Repeat all the records exactly, omitting pictures.

(Data for the task begins)

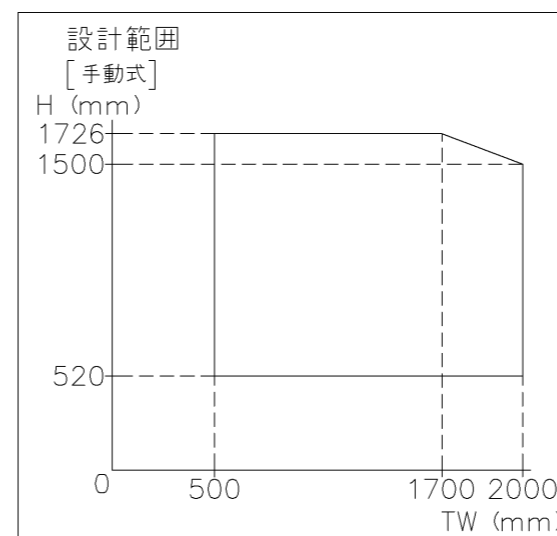

外観図

※寸法は現場による

尺度 1/20

三和シャッター工業株式会社
www.sanwa-ss.co.jp

製品 マドモアブラインド手動 単窓_非防火_手動
コメント 木造外壁向け_下地部材Box下付_取付金具D_外観右入隅納まり 納まり図

(Data for the task ends)

[Your solution]
外観図

※寸法は現場による

尺度 1/20

三和シャッター工業株式会社
www.sanwa-ss.co.jp

製品 マドモアブラインド手動 単窓_非防火_手動
コメント 木造外壁向け_下地部材Box下付_取付金具D_外観右入隅納まり 納まり図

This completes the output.